● Aim of the task: Which lines of the entries contain the string "Chassis"? Please find them and copy them.

● Material to process:
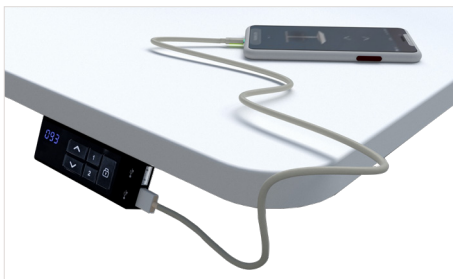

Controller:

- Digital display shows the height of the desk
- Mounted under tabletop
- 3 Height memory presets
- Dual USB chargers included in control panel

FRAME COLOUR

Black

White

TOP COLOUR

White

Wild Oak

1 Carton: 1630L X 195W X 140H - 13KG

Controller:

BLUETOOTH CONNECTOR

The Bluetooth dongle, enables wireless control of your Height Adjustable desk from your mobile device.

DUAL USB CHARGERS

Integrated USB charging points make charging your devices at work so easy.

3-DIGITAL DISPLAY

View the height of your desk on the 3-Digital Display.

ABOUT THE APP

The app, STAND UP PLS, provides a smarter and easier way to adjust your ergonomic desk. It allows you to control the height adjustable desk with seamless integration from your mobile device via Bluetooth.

* * *

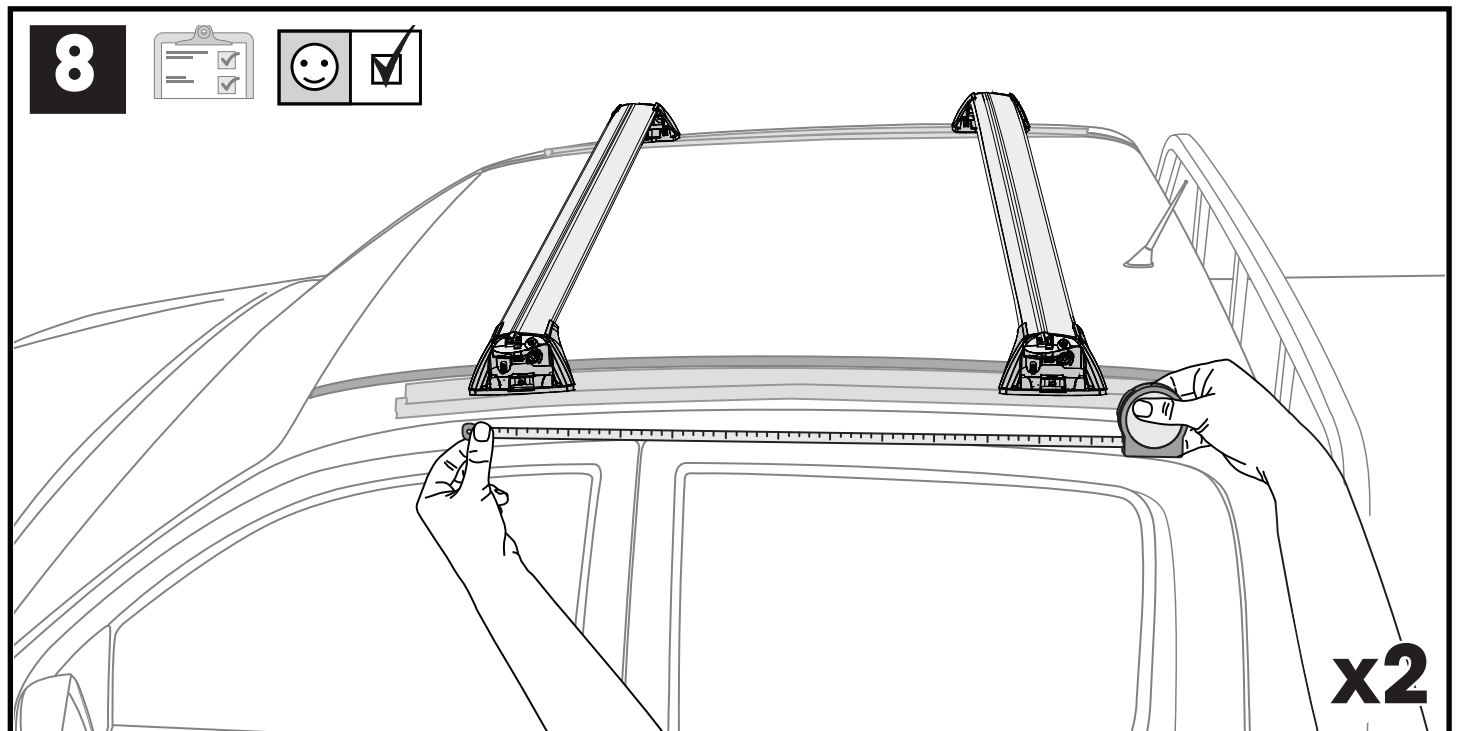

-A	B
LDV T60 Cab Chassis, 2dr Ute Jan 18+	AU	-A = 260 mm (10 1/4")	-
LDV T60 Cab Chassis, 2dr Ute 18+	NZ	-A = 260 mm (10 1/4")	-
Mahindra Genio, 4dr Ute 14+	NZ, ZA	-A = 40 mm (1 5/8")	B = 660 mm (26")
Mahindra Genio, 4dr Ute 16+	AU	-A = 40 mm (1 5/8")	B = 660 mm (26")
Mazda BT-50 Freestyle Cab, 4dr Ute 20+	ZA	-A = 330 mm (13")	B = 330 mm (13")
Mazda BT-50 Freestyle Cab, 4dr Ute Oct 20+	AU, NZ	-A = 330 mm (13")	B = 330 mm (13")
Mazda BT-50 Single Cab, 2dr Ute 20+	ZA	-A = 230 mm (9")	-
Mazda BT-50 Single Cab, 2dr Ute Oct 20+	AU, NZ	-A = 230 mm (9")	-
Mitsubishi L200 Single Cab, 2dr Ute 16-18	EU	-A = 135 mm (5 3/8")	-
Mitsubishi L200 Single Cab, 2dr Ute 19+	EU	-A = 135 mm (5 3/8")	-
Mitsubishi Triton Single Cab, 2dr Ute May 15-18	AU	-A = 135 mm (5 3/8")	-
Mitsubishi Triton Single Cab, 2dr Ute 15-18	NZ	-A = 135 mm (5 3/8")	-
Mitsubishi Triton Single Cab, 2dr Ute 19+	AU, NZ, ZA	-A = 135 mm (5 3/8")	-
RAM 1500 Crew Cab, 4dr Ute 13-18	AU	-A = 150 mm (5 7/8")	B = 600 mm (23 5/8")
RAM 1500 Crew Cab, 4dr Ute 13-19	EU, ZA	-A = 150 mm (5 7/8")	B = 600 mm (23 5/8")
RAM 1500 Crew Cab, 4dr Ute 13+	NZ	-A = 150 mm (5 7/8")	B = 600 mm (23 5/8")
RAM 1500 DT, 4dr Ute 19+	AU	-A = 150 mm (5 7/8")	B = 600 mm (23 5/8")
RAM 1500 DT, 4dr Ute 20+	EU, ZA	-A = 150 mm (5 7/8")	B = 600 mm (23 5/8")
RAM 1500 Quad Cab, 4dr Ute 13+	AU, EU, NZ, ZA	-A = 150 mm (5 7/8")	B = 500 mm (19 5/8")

● Solution for this exercise:
LDV T60 Cab Chassis, 2dr Ute Jan 18+	AU	-A = 260 mm (10 1/4")	-
LDV T60 Cab Chassis, 2dr Ute 18+	NZ	-A = 260 mm (10 1/4")	-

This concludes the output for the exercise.